Выбрать главу

Кирилл видел, что подранок может уйти, и готов был ко второму выстрелу. Но пока волк переползал просеку, было рискованно стрелять, потому что где-то совсем близко стоял на своём номере Дибич. Этой короткой нерешительности было достаточно, чтобы волк выполз из круга за линию стрелков. Он скрылся в кустах.

Все чувства Кирилла сразу после выстрела ожили и горячо заработали опять. Пальбы уже не было, крики загонщиков утихали. Он сошёл с номера и кинулся догонять волка. Он увидел сквозь листву его шубу и расслышал рычанье. Волк сидел, упёршись выпяченными вперёд лапами. На спине его топорщилась чёрная ость вставшей шерсти. Отвисший лиловый язык и пасть были облеплены светлым пухом.

В секунду, когда Кирилл разглядел эту облепленную пухом пасть, треснул выстрел, и Кирилл, почти не целясь, со вскидки, тоже выстрелил. Голова волка сделала поклон, и он как бы с осторожностью лёг на бок.
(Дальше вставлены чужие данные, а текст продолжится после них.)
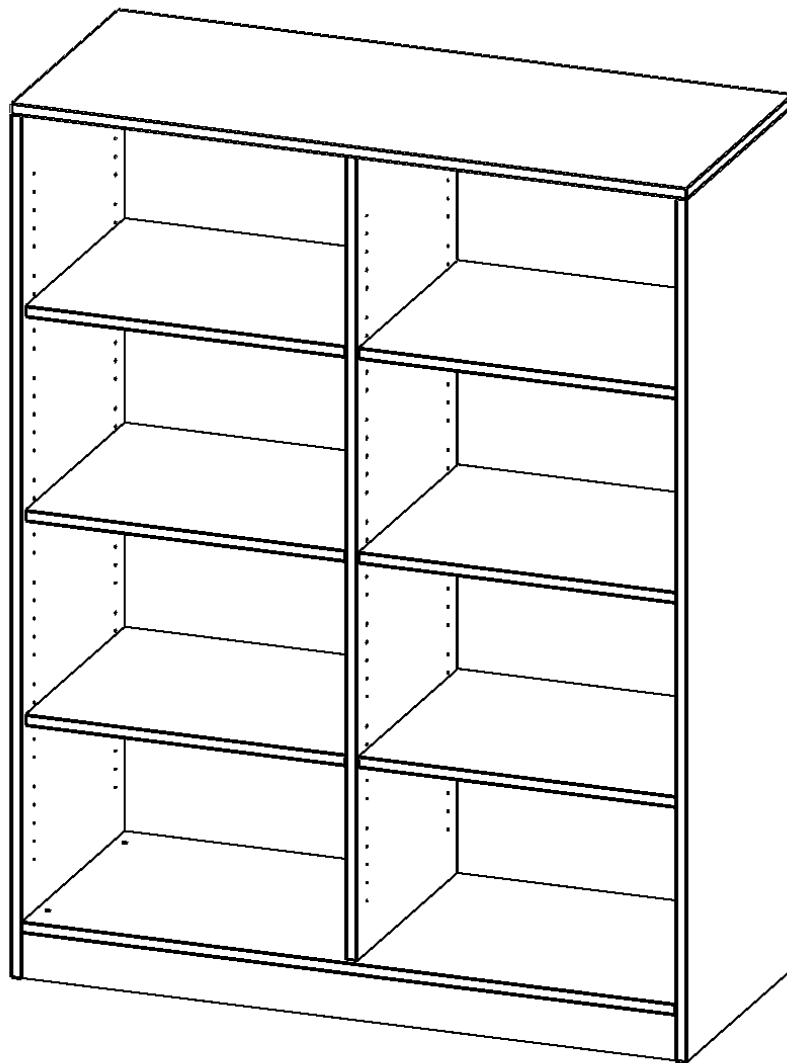

R12064RM

PRODUKTDATENBLATT
WWW.MOEBELWERK-NIESKY.DE

REGAL, 4 ORDNERHÖHEN - SERIE EVO 180

MIT SOCKEL, B/H/T: 120X154X60 CM, MIT MITTELWAND

PRODUKTBESCHREIBUNG

Die evo180 Regale und Schränke in verschiedenen Höhen und Breiten sind ein Kernstück unseres evo180 Schrankwandprogrammes. Die Rückwand ist als Sichtrückwand ausgeführt, dementsprechend eignen sich alle evo180 Einzelregale oder Regalwände auch als Raumteiler. Der Sockel hat eine Höhe von 81 mm und ist an der Unterseite mit bodenschonenden Kunststoffgleitern ausgestattet.

Alle Regale werden aus melaminharzbeschichteter E1 Feinspanplatte gefertigt, die FSC zertifiziert und formaldehydfrei sind. Als Kanten verwenden wir besonders robuste 2 mm starke ABS Kanten, die unter hoher Temperatur fest verleimt werden. Bitte wählen Sie Ihr Wunschdekor aus unserer Dekorpalette aus. Die Einlegeböden sind im Raster von 32 mm verstellbar. Unsere hochwertigen Bodenträger verfügen über einen "Ausziehstop", so wird verhindert, dass Böden mit Inhalt darauf aus dem Regal oder Schrank rutschen können.

Konfigurieren Sie Ihr Wunsch Regal indem Sie bei den angebotenen Varianten Ihre Auswahl treffen.

EIGENSCHAFTEN

- Freistehendes Regal, 4 Ordnerhöhen
- mit Mittelwand
- Sichtrückwand
- Höhe 154 cm für Standard Ordner
- mit Sockel

Zubehör

Freistehend

Artikelnummer	R12064RM	
Breite / Höhe / Tiefe	1200 mm / 1540 mm / 600 mm	47.2" / 60.6" / 23.6"
Ordnerhöhen	4	
Einlegeböden	6	
Fächer	8	
Montageart	Freistehend	
Einsatzbereich	Grundschule, Weiterführende Schule, Büro und Objekt, Konferenzraum	
Material	Melaminplatte	
Produktlinie	evo180	
Bauart	Mittelwand, Untermodul

Все было кончено. И, однако, Кирилл не двигался с места.

Сойдя с номера, он нарушил правило. Дибич мог видеть подранка и стрелять по нем, не замечая подходящего Кирилла. Это была опасность. Предупредить её можно было только немедленным выстрелом, хотя торопиться было излишне, потому что волк уже сел, явно не в силах уйти далеко. К тому же выстрел отпугнул бы других волков, которые ещё могли выйти на прочие номера. Но к опасению, что Дибич выстрелит, не видя Кирилла, прибавилась боязнь, что кто-то другой добьёт подранка и возьмёт трофей. Надо было стрелять!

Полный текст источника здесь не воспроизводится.